Parte II

98 24 220
                                    


Mal ultrapassara a porta de ferro, e já saíra em disparada pela escada; as pontas dos pés dançando sobre os degraus, quais saltava dois a dois. Como Javis, minutos atrás, pulando-os, aquele sorriso largo dependurado no rosto.

Desta vez, não corria por alegria, como Javis. Nem sabia ao certo pelo que corria. Estava apavorado.

Aquelas palavras o atropelaram, antes mesmo que pudesse concluir sua frase, sem qualquer direito a defesa. Não conseguia mais pensar em nada. Resmungara algo, que nem mesmo ele compreendera, uma desculpa vazia, como um "com licença" ou "um minuto".

Estava confuso, atordoado, como se tivesse batido a cabeça. Bem forte.

Não sabia o que pensar, não conseguia pensar. Até o dado momento, tudo o que agia nele era puro instinto. E odiava aquilo, não ter controle sobre si mesmo.

Talvez Javis também estivesse assim, atordoado.

Já passara pela segunda porta, e não havia o mínimo sinal dele. Ainda estava lá em cima. Pôde ver a maneira que lhe olhou, naquele pequeno e infinito espaço de tempo em que ficaram calados, encarando-se. Aquele olhar de incompreensão, implorando por palavras. Implorando por respostas.

Como naquela noite, há pouco mais de um ano. Na primeira vez que dissera-lhe que o amava. Não só a ele como a qualquer pessoa. Fora o primeiro "eu te amo" a sair de seus lábios, naquele sentido de amar. Javis não respondera, apenas encarava-o, com aquele olhar caótico. Calado. Titubeou um "boa noite" e saiu, trôpego, abrindo desajeitado o portão daquele prédio branco.

Teria ele subido a escadaria para o seu apartamento, saltando os degraus dois a dois, como o fizera, agora mesmo?

Não sabia se era tristeza o que sentira aquela noite. Estava... Devastado. Confuso. Como um cãozinho acanhado, que não sabia o que fizera de errado para ser trancado nos fundos da casa. Ele não sabia o que fizera de tão errado.

Estaria Javis sentindo-se assim agora, do mesmo modo que sentira-se um atrás? Devastado, confuso?
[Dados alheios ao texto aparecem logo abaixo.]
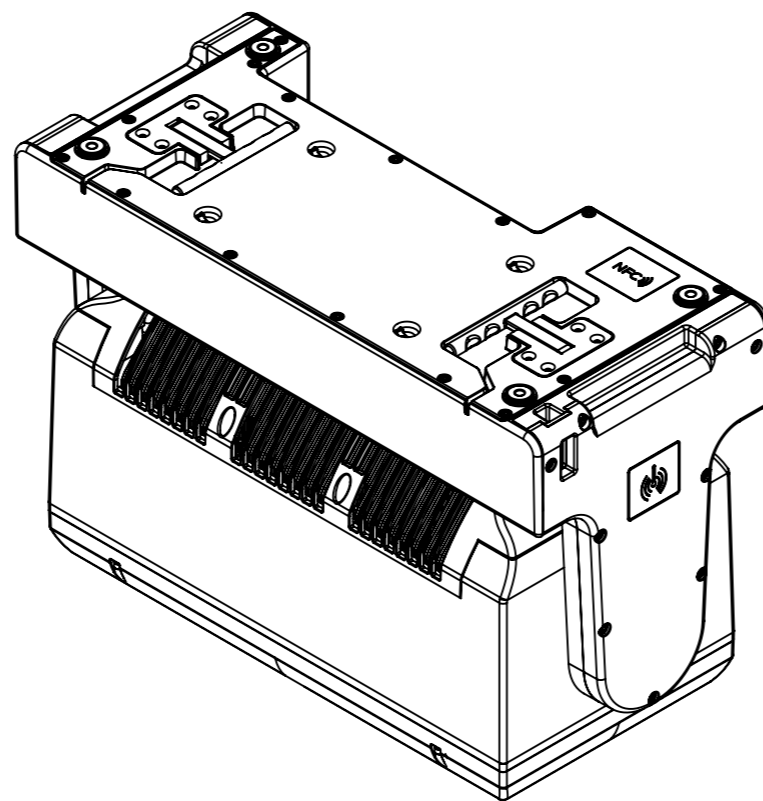

# Specification

<b>Optical Data</b>	Lightsource	18 X High Output RGBL LEDs 18 x 60W RGBL LEDs
	Zoom range	3° to 55°
<b>Photometric</b>	Average RF / TM-30-15 (CTC)	82
	Color temperature range	2000K - 10000K
	Efficacy	15.8 lm/W*
	Light output - all on	21000 lm*
	Lux @ 5m	92000 lux
	Max. CRI @ 5600K	76.5
<b>Physical</b>	Color options	Black - RAL 9004
	IK rating	IK06
	IP class	IP65
	Lens material	PMMA
	Material	Aluminium Plastic Stainless steel Tempered Glass
	Net dimensions L x H x W (imperial)	19.3 x 12.2 x 8.6 inches
	Net dimensions L x H x W (metric)	491 x 310 x 218 mm
	Net weight	21.7 kg (47.8 lbs)
<b>Electrical</b>	Input voltage (nominal)	100 - 240 VAC; 50 / 60 Hz
	Max power consumption	1300 W
	Max power thru @ 230 V	5.18 A
	Power factor	0.967 PF (230 V)
	Standby power consumption	48 W
<b>Thermal</b>	Cooling	Active, Forced Air, Temperature-regulated
	Temperature range, start-up	-20°C to 45°C
	Temperature range, storage	-20°C to 45°C
	Total heat dissipation, max power	4435.6 BTU per hour
	Total heat dissipation, standby	163.8 BTU per hour
<b>Included items</b>	Included items	2 Omega bracket with quarter-turn fasteners

Fechou a porta. Encostou-se na parede. Afundou as mãos no rosto.

Merda.

Um fino fio de culpa alfinetava seu peito. Não devia ter feito aquilo, deixado-o sozinho lá em cima. Mas não conseguia encará-lo. Não conseguia lidar com aquele par de olhos cercando-o, indagadores, perguntando "O quê? Por quê?".

O que?

O que mais agora?

Ele não sabia a resposta.

Não adiantaria voltar agora, de mãos vazias, com um sorriso amarelo, pedindo-lhe um tempo para pensar. Era o que deveria ter feito há dois minutos.

Agora precisava pensar.

Soltou o ar que guardava no peito. Deslizou a mão sobre o rosto. E andou.
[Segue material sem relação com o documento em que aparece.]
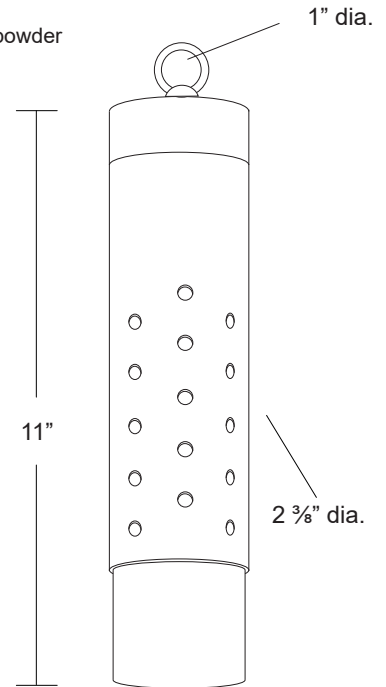

Specification-grade landscape lighting, wet-location luminaire for down lighting applications. Can be utilized for pergola or tree-mounted installations

- Machined 6061-T6 copper-free aluminum. Aluminum components are black anodized, then a polyester powder coat finish is applied.
- Seven standard TGIC powder coat finishes and clear anodized finish available.
- Remote transformer required.
- SS Cable and lead wire options.
- Stainless steel hardware.
- 1" brass loop for mounting. Hanging hook included.
- 12" 18 ga. shrink tube covered, black wire leads.
- Frosted acrylic liner.
- High-temperature silicone O-ring seal used to seal the cap against the body.
- Molded silicone wire pass-thru attached to socket wire prevents wicking and water leaking into the lamp compartment.
- Listed for wet location use.
- Warranty: 10 Years.

Specifications

| | | | |
|-----------|--|----------|--|
| MODEL: | RL-5 | LAMPING: | MR16 Halogen (order separately) 50W Maximum (order separately) 8W LED (order separately) |
| MATERIAL: | 6061-T6 Aluminum | | |
| VOLTAGE: | 12V | | |
| WATTAGE: | 50 Watt | | |
| SOCKET: | GY-6.35 Bi-pin porcelain socket rated 600V, 250°C 18 ga, Teflon® coated leads. | | |

Ordering Logic:

| MODEL | METAL | SS CABLE | 1/2 WIRE | FINISH | |
|--------|--------------|--|--|---|--|
| RL - 5 | A - Aluminum | 0 - None 5 - 5 ft 10 - 10 ft 15 - 15 ft 20 - 20 ft 25 - 25 ft 30 - 30 ft | 0 - None 5 - 5 ft 10 - 10 ft 15 - 15 ft 20 - 20 ft 25 - 25 ft 30 - 30 ft | BK - Black BZ - Bronze WT - White BG - Beige | BKT - Black Texture BZT - Bronze Texture SL - Silver AC - Aged Copper |

Envolveu-se novamente naquele ambiente festivo. O saxofone havia, agora, sido substituído por uma voz grave e aveludada; pertencente à um homem elegante, trajado com um terno branco que contrastava com o tom negro de sua pele, cantando algum clássico de Frank Sinatra. Mas Jamie não prestara atenção. Tentava localizar, em meio àquela organizada multidão, um pontinho amarelo ou uma cabeça vermelha.

Emaranhou-se em meio a um grupo de mulheres, uma parede feminina, murmurando rápidos e indiferentes "com licenças" e "desculpes". Contornou um círculo de quase aposentados, reclamando da oscilação do dólar. Passou no meio de um brinde.

E finalmente avistou uma saia amarela pregada, do outro lado do cômodo. Ela estava apoiada numa das canelas finas, com um cara que a cada risada indiscreta a pedia para falar mais baixo, ma sem evitar rir junto. Um novato com uns dois anos mais a menos que ela, também baixinho e com cara de bebê. Não fixava seu nome nem fazia questão disso, era algo meio afeminado, Melvin, se não estava enganado. Nunca simpatizou muito com ele, passou a simpatizar ainda menos quando começou a andar com Holly. Dois idiotas.